MATERIAL PROVIDED below:

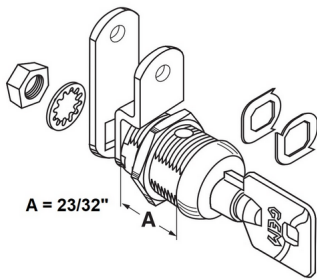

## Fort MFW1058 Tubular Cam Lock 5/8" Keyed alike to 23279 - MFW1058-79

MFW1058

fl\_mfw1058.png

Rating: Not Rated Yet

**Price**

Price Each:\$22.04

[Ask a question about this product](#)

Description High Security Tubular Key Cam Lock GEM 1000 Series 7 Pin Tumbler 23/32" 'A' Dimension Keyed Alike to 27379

End of MATERIAL PROVIDED.
MATERIAL PROVIDED below:

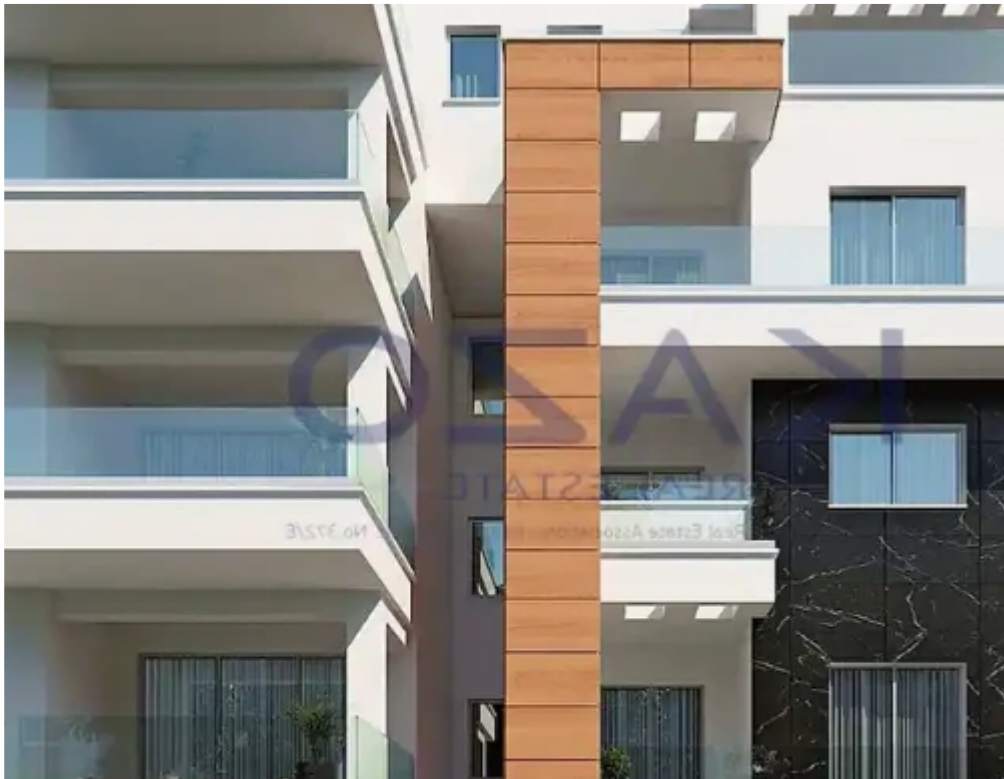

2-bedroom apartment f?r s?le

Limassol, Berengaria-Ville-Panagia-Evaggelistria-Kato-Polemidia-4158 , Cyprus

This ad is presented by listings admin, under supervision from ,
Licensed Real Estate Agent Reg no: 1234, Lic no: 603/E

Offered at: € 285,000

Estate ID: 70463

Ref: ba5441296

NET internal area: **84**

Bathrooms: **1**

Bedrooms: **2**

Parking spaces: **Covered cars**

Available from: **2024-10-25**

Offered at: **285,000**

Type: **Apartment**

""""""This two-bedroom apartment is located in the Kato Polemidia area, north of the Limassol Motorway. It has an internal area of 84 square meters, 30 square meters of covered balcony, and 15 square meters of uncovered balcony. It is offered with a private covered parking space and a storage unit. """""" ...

End of MATERIAL PROVIDED.
MATERIAL PROVIDED below:

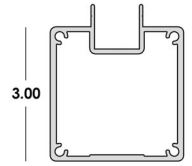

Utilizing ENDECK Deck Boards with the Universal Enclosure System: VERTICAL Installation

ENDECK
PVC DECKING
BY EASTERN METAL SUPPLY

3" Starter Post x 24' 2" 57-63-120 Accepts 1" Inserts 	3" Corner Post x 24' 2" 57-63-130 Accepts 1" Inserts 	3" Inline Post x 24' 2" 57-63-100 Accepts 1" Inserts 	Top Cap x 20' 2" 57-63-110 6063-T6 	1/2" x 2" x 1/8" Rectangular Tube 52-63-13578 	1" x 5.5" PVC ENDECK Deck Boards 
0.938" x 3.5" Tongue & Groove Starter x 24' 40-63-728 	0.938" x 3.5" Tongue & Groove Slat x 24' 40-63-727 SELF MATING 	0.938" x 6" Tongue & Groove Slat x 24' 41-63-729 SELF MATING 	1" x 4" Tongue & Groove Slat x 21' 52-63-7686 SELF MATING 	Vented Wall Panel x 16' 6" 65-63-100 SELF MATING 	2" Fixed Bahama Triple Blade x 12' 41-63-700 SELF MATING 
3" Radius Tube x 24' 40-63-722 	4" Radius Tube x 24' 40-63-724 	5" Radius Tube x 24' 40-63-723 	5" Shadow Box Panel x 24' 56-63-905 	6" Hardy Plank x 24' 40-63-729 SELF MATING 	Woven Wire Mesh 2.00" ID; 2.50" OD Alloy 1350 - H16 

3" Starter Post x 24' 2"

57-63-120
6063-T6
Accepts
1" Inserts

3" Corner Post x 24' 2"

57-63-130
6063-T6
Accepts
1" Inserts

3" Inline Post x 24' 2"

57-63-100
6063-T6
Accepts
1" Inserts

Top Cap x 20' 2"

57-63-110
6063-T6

End of MATERIAL PROVIDED.

Say the number of lines in the records above that include the string "Kato", and no more.

2